I'm not sure what you are trying to achieve on the PT primary side. A single MOV across PT primary, with hot line switched, would manage primary winding induced voltage spikes when the switch is opened. Are you worried about externally generated spikes damaging the amp parts - if so then I'd be me more worried about other equipment in your house first and perhaps putting something at the entrance to your house first if spike were from the mains.
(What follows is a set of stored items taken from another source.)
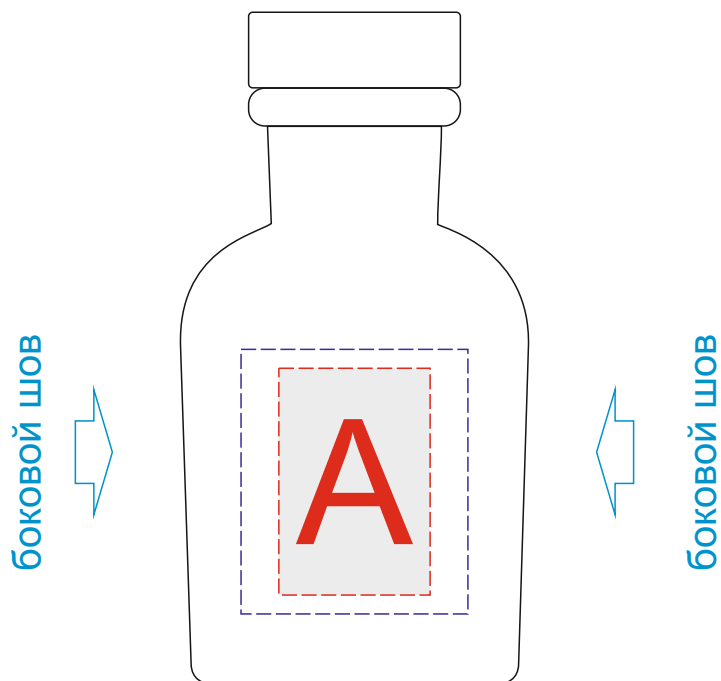

Арт. 247030

нанесение возможно с обеих сторон

	Вид нанесения	Макс площадь (Ш*В)
А	Тампопечать	20x30мм
	Цифровая печать на белой основе	30x35мм
	УФ DTF	30x35мм
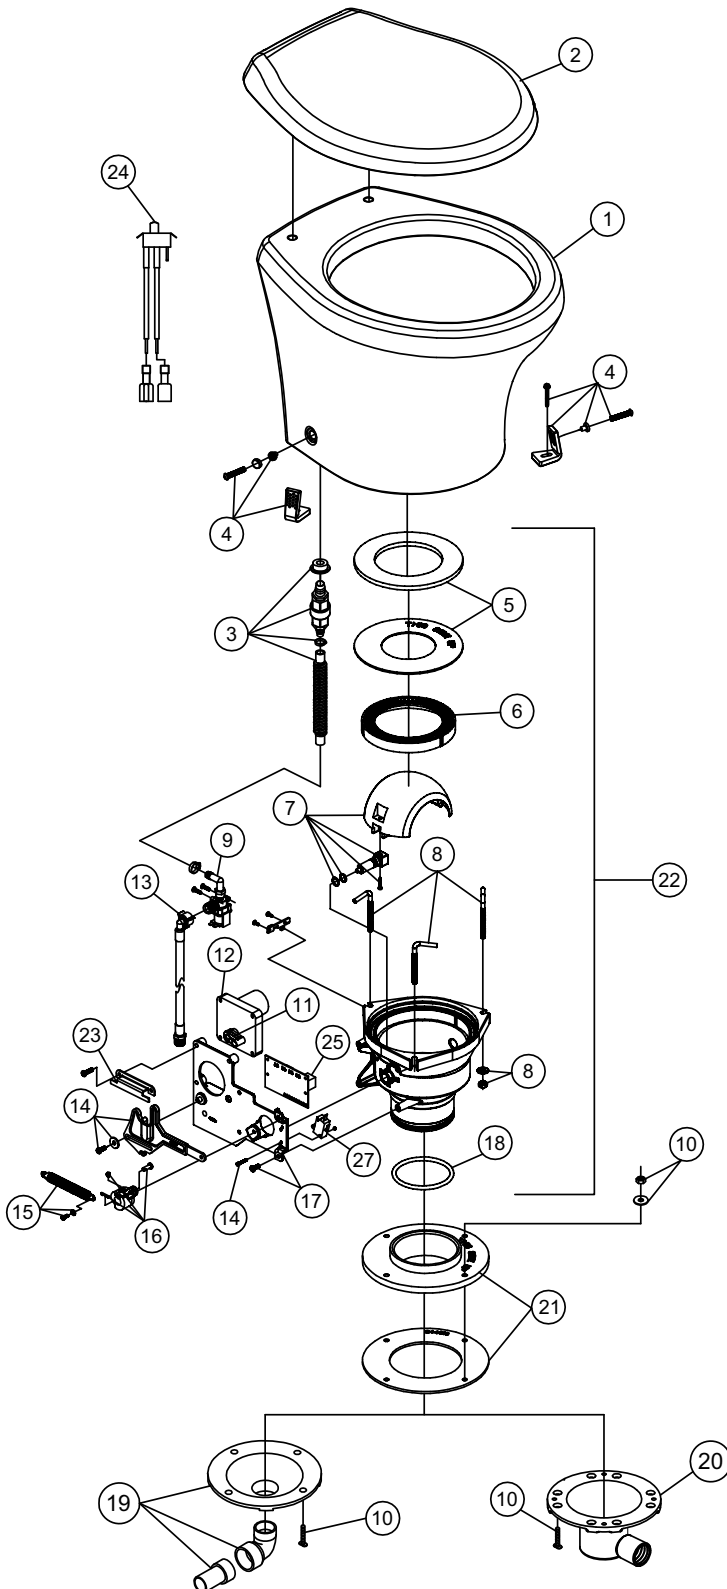

PARTS LIST: 4806 PLUG IN BASE

ITEM	PART NUMBER	DESCRIPTION
1	385311378	KIT, BOWL 4800 SHORT-WHITE
	385311379	KIT, BOWL 4800 SHORT-BONE
2	385311618	KIT, SEAT/CVR SLOW-CLOSE/WHT
	385311383	KIT, SEAT-CVR 4800-BONE
3	385311384	KIT, CHECK VALVE W/CORR'G HOSE
4	385311463	KIT, 4800 CHINA MTG
5	385311009	KIT, SEAL PLUG IN BASE
6	385311292	KIT, BASE RING INSERT
7	385310969	SHAFT/ HALF BALL KIT
8	385311011	L- BOLTS/NUTS /WASH/ PLUG IN BASE
9	385311545	KIT, WATER VALVE ASSY 4800-12V
	385311546	KIT, WATER VALVE ASSY 4800-24V
10	385310064	KIT, MOUNT-TRAVELER-506/806
11	385311299	KIT, MTR DRIVE ARM 4300/4400
12	385311300	KIT, MOTOR REP'L 4800 (INC. 11) 12VDC
	385311390	KIT, MOTOR REP'L 4800 (INC. 11) 24VDC
13	385311547	KIT, SUPPLY HOSE-4800
14	385311392	KIT, LINKAGE DRIVE 4800
15	385311393	KIT, FLUSH SPRING 4800
16	385311296	KIT, ROTOR SHAFT CAM 4300/4400
17	385311394	KIT, MTG BRACKET 4800 (INC. 27)
18	385311294	KIT, O'RING PLUG-IN BASE
19	385318864	KIT, FUNNEL 506/806/706 (INC. 10)
20	385310550	KIT, FUNNEL-106 VACUFLUSH
21	385311013	KIT, CON'TO FLOOR FLANGE ADPT (INC. 10)
22	385311395	KIT, BASE 4806 PLUGIN COMP-12V (INC. 5-20, 25)
	385311396	KIT, BASE 4806 COMP 24VDC (INC. 5-20, 25)
23	385311429	KIT, LINKAGE GUIDE BRACKET
24	385311691	KIT, 4800 MODE SWITCH
25	385311690	KIT, CIRUITBD MECHANICAL BASE
26	385311673	KIT, FLUSH ACUATION SWITCH
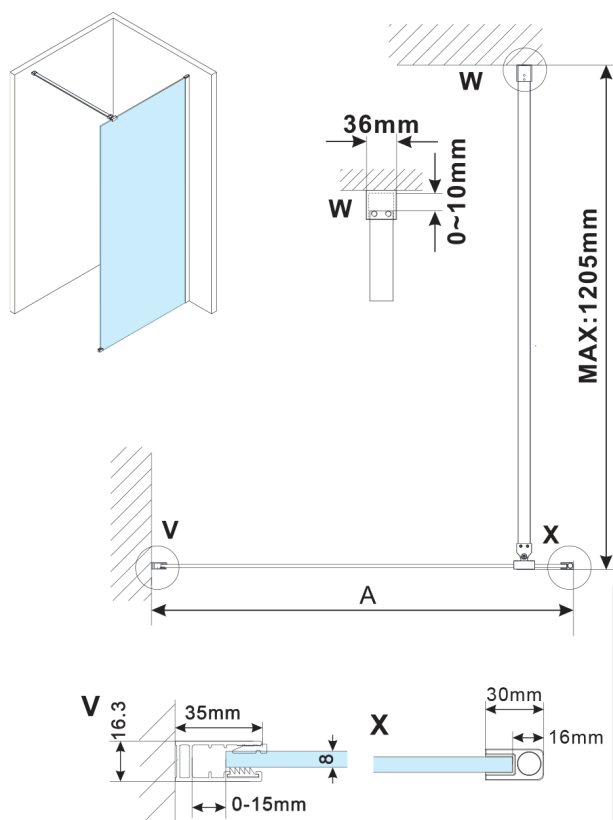

ESCA BLACK MATT jednodílná sprchová zástěna k instalaci ke stěně, sklo čiré, 1300 mm

Objednací kód: ES1013-02

Rozměry

Šířka: 1300 mm

Výška: 2100 mm

Parametry

Záruka: 2 roky

Technický list

MODEL	A,mm
ES1070, ES1170, ES1270, ES1370, ES1570	690~705
ES1080, ES1180, ES1280, ES1380, ES1580	790~805
ES1090, ES1190, ES1290, ES1390, ES1590	890~905
ES1010, ES1110, ES1210, ES1310, ES1510	990~1005
ES1011, ES1111, ES1211, ES1311, ES1511	1090~1105
ES1012, ES1112, ES1212, ES1312, ES1512	1190~1205
ES1013, ES1113, ES1213, ES1313, ES1513	1290~1305
ES1014, ES1114, ES1214, ES1314, ES1514	1390~1405
ES1015, ES1115, ES1215, ES1315, ES1515	1490~1505

MODEL	A,mm
ES1070	686~701
ES1080	786~801
ES1090	886~901
ES1010	986~1001
ES1011	1086~1101
ES1012	1186~1201
ES1013	1286~1301
ES1014	1386~1401
ES1015	1486~1501

MODEL	B,mm
ES1030	285
ES1040	385
ES1050	485
ES1060	585
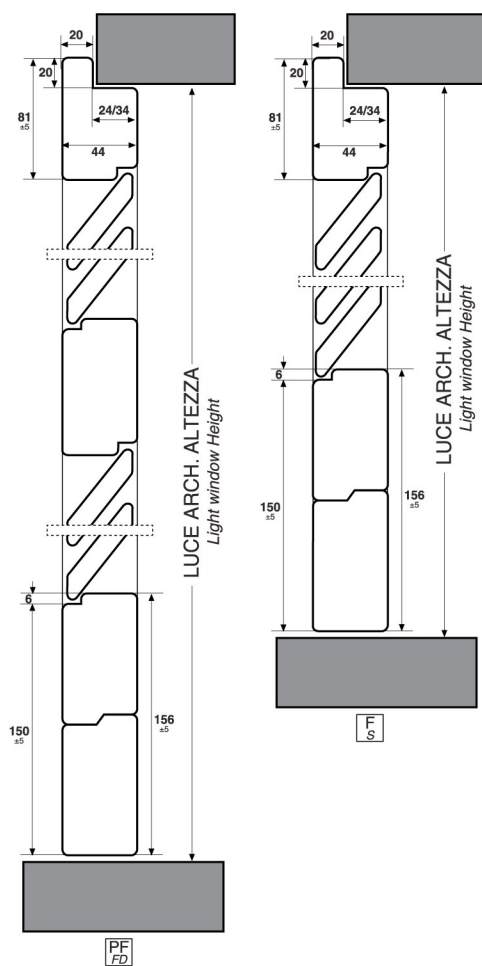

Persiana TIPO ANTICO - CALLIOPE

PR-3 - SEZIONE TRASVERSALE

| ARIA DI SERIE Standard Air | |
|-------------------------------|------------------------|
| SENZA BATTUTE H = -8 | CON BATTUTE H = -10 |
| L 1 ante = -8 | L 1 ante = -10 |
| L 2 ante = -12 | L 2 ante = -15 |
| L 3 ante = -15 | L 3 ante = -20 |
| L 4 ante = -18 | L 4 ante = -25 |

SEZIONE STECCHE

Persiana TIPO ANTICO - CALLIOPE

PR-3 - SEZIONE ORIZZONTALE

La Ditta si riserva il diritto di modificare senza alcun preavviso le misure ed i contenuti della presente scheda tecnica, che non costituisce impegno per il costruttore.
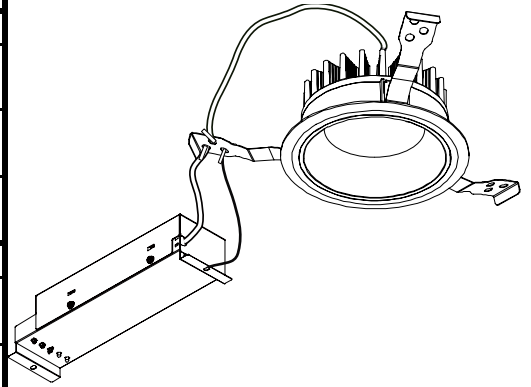

## 意匠図

器具品名	LEDダウンライト LAシリーズ	保守率	
器具品番	DL16W8-10W10W-D	良	-
部品品名	-	中	-
部品品番	-	否	-
器具光束	1455lm	器具効率	
光源	-	上方向	0%
光源光束	一体型器具のため、器具光束表示	下方向	100%
		全方向	100%
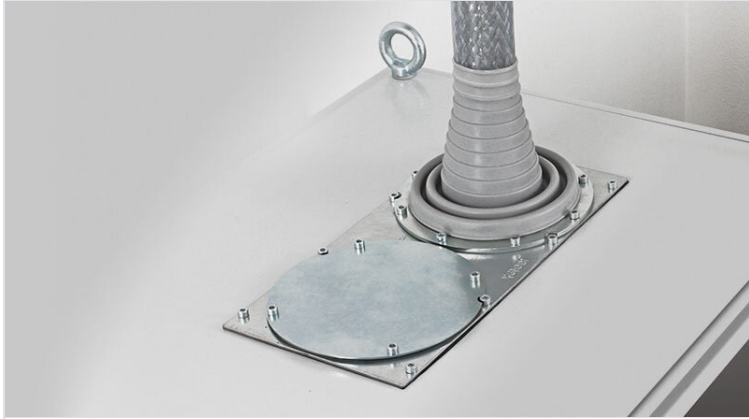

MP modulplattor

för styrskop / IP54

IP54

RoHS
compliant

REACH
COMPLIANCE

Made in
Germany

Modulplattorna har utskärningar att ta upp kabelgenomföringssystemen [KEL 24](#), [KEL-U 24](#), [KEL-QUICK 24](#), [KEL-JUMBO](#), [KEL-DPF](#), [KEL-JUMBO flex](#) och [KEL-ULTRA flex](#).

Modulplattorna kan fixeras vid:

- separationsväggar från Rittal
- stängda styrskåpsbottnar och -tak från diverse tillverkare
- styrskåpsbottar från Rittal med hjälp av bottenplattorna KDR-BMP

Den stängda modulplattan (täckplattor) kan försegla oanvända utskärningar. Den har beställnumret 43882. En passande tätning är ingår i sändningen.
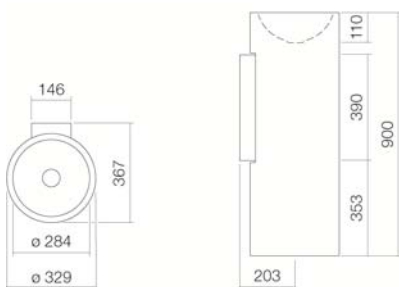

Glasierter Stahl

12,40 kg

für den Wandanschluss

Spiegel SP.300, Spiegel SP.300.1, Spiegel SP.325, Spiegel

SP.325.3, Designspiegel SP.FR375.S1

Optimaler Auftreffbereich ca. 116 – 146 mm ab

Beckenhinterkante.

Serienausführung
Ausführungsvarianten
Abmessungen
Material
Nettogewicht
Montage
Zubehör

Armaturenhinweis

Optimales Auftreffen auf der Beckenmulde bei Armaturen mit senkrechtem Auslauf (Auftreffwinkel 90°) und mit eingebautem Perlator.

Ausschreibungstext

Waschtisch, kreisförmig, ø 325 mm, innen und außen glasiert, Weiß, Höhe 900 mm, ohne Hahnloch und Überlauf, inklusive Schaftventil verchromt, Siphon, Befestigungsset und Wandkonsole weiß
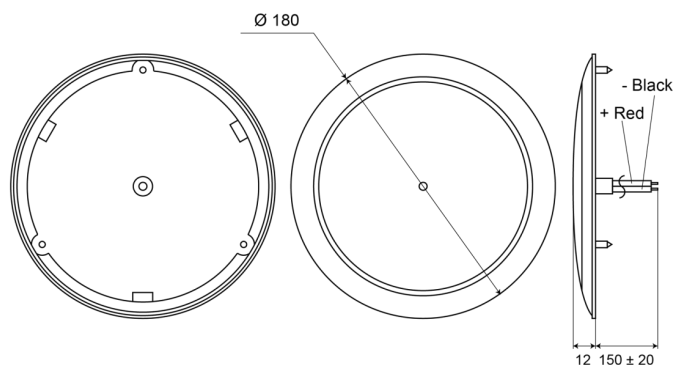

C2-62-DV

Luz interior | LED | redonda | blanco

EAN: 5414184550612

Especificaciones

A solicitar por	1	Montaje	Superficial
Altura mm	12 mm	Número de LEDs	68
Color	Blanco	Peso (kg)	0,196 Kg
Color de lente	Opal	Suministrado con	3 tornillos de fijación
Conexión	Extremo de cable abierto	Tipo	Redondo
Diámetro mm	180 mm	Vatio	4 Watt
Embalaje	Caja blanca con etiqueta	Voltaje de funcionamiento	12V - 24V
Fuente de luz	LED		
Grado IP	IP66		
Interruptor	Sí		
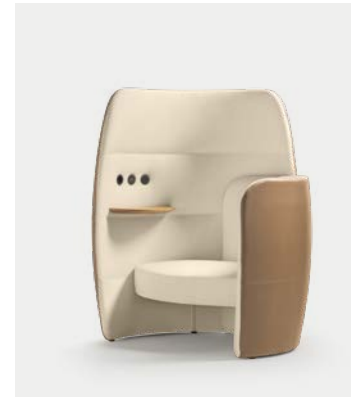

NEW YORK

THANK

HENDRICK

HUB

MEGA

ONLY JU

LEVEL

MANTA

DEEP XL

AMELIE

HILL

HIP

LOFT X

VOGUE

CLUB

CHARME

BACIO

AURORA

FRAGRANCE DIFFUSER

I prodotti Lounge si distinguono per caratteristiche e tratti distintivi unici. Pensati per l'uso domestico, il contract e l'azienda assicurano sempre comfort, personalizzazione ed estetica raffinata. / The Lounge products have unique and distinctive features. Designed for domestic, contract and office spaces, they grant comfort, customization and a refined aesthetics. / Les produits Lounge se distinguent pour leur caractéristiques et leur traits distinctifs uniques. Dessinés pour l'usage domestique, contract et bureau, ils sont garantie de haut confort, personnalisation et une esthétique raffinée.
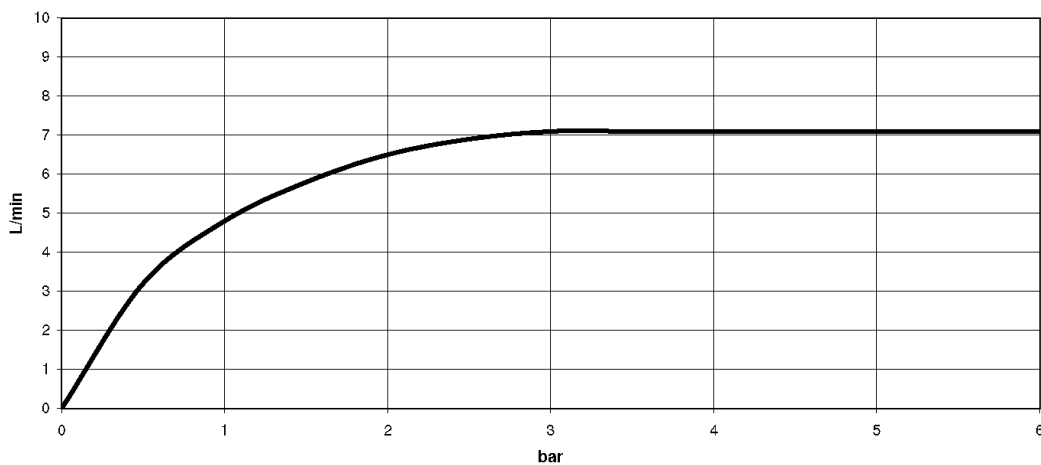

график расхода
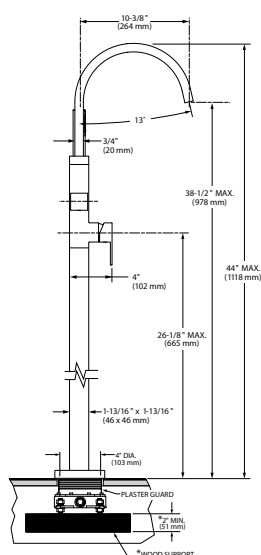

Válvula Flash™ Roman para Duomando de Tina

Profundidad de Instalación Flexible

Se adapta a una variedad de superficies de montaje de hasta 2 1/4" (6.3 cm) de espesor.

Llaves de prueba

Permite al instalador purgar las líneas antes de instalar la llave
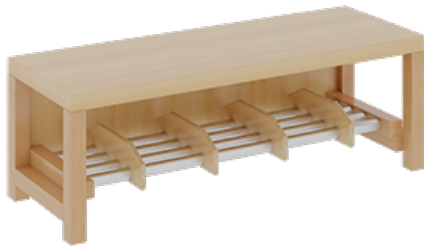

11728200RF42

PRODUKTDATENBLATT
WWW.MOEBELWERK-NIESKY.DE

KOMPLETTGARDEROBE MIT EINFACHER ABLAGE INKLUSIVE BOXEN

B/T: 100X35 CM, 5 PLÄTZE, SITZHÖHE 42 CM, 2TEILIG OHNE STÜTZE, ABLAGE ZUR WANDMONTAGE, ALUROHR-SCHUHROST MIT TRENNUNGEN

PRODUKTBESCHREIBUNG

"Alle Sachen - von Kopf bis Fuß - und die persönlichen Gegenstände sollen übersichtlich, verschlossen und funktionell aufbewahrt werden...?"

Unsere Komplettgarderoben sind infolge der Fertigung aus lackierten Stützen- und Bankgestellrahmen, 4x4 cm massiven Buche-Holzstollen sehr robust und dauerhaft. In den Fachablagen aus melaminbeschichteter Spanplatte stehen Boxen mit Deckel und darüber 5 cm hohe Ablagen. Unter der Fachablage sind in Anzahl der Plätze farbige drehbare Dreifachhaken montiert. Die Sitzfläche besteht ebenfalls aus stabiler melaminbeschichteter Spanplatte, das Dekor ist wählbar. Darunter befindet sich ein Schuhrost aus mit RAL 9006 pulverbeschichteten robusten Aluminiumrohren. Die Breite und damit die Anzahl der Sitzplätze sowie die gewünschte Sitzhöhe sind wählbar. Die Sitzfläche ist 35 cm tief. Die Garderoben sind für die Gesamthöhe 130 bzw. 158 cm konzipiert, die Ablagen können jedoch in beliebiger funktioneller Höhe montiert werden.

EIGENSCHAFTEN

- Stabile Komplettgarderobe mit Sitzbank
- Einfache Ablage wandmontiert, mit Mittelwänden
- Fächer mit Boxen und Deckel
- Oben Ablage mit Fachtrennungen
- Gestellrahmen aus Massivholz
- 38 mm dicke stabile Sitzfläche
- Schuhrost aus pulverbeschichteten Aluminiumrohren
- Verschiedene Breiten und Höhen
- Wandmontiert oder auch mit zusätzlichen Seitenwangen
- Seitenwangen je nach Notwendigkeit, Höhe und Anordnung 117 W3(...) bitte separat bestellen!

The OT primary MOV (or series MOVs) shouldn't have much series resistance - at most that resistance would be something like the half-winding impedance (eg. 500 ohm for a 2k PP).

Thanks for posting.

When I posted I wasn't thinking about primary winding induced voltage spikes with switching, but I was thinking about externally generated spikes damaging the amp. That, and for the possibility of a sustained over-voltage condition damaging the equipment. My plan was to add embedded supplementary "point-of-use" protection against line surges and over-voltage conditions.

As I understand it, electrical equipment can be damaged by any one of five anomalies in the AC power supply: 1) open neutral events (caused by external service supply equipment failures), 2) catastrophic over-voltages (caused by fallen trees, traffic accidents, storms), 3) sustained AC over-voltages (malfunctioning utility equipment), 4) AC under-voltages (brownouts), and 5) utility switching transients.

From what I've read, the service-entrance type of whole-house surge protection devices will protect against lightning, utility switching transients, and transient over-voltages that last less than a second, but they offer no protection whatsoever against sustained over-voltage conditions (like you'd get with a utility regulator failure, an open-neutral condition when a transformer fails, or high voltage power crosses. For these types of protection, a downstream "point-of-use" device is required to provide over-voltage protection. My understanding of the situation is that two separate devices that appear in series on the line are required to provide full protection, one at the service entrance, and then secondary devices in "point-of-use" locations.

My idea for adding the MOV on the primary side of the transformer is to provide embedded "point-of-use" protection in the amp, so that I don't have to worry about dragging a surge-protection outlet when the amp travels from location to location. I had decided to put the MOV after the line & neutral switch in order to limit the lifetime exposure of the MOV to AC, just for concerns about longevity of the device.

In case this topic interests anyone, here are a couple of interesting reads:

IEEE Guide for Surge Protection of Equipment Connected to AC Power and Communication Circuits

National Fire Protection Assoc Pub 780: Standard for the Installation of Lightning Protection Systems 2004 Edition



Half of the primary Z. That's the answer I was looking for. Thanks.

Insofar as you've remained mute on the question of the specific devices that I asked about, should I interpret that as ignoring the question or approving the choice?

Thanks!

FWIW Electrical Safety rating Agencies around the world agree that up to 3KV pulses and transients are *often* present in home power lines, so much so that they test any and all home equipment for it, and HIPOT tests are run at 3000VAC or 5000VDC before issuing approval.

I think it's not *mandatory* in USA (UL) but definitely is in the rest of the World.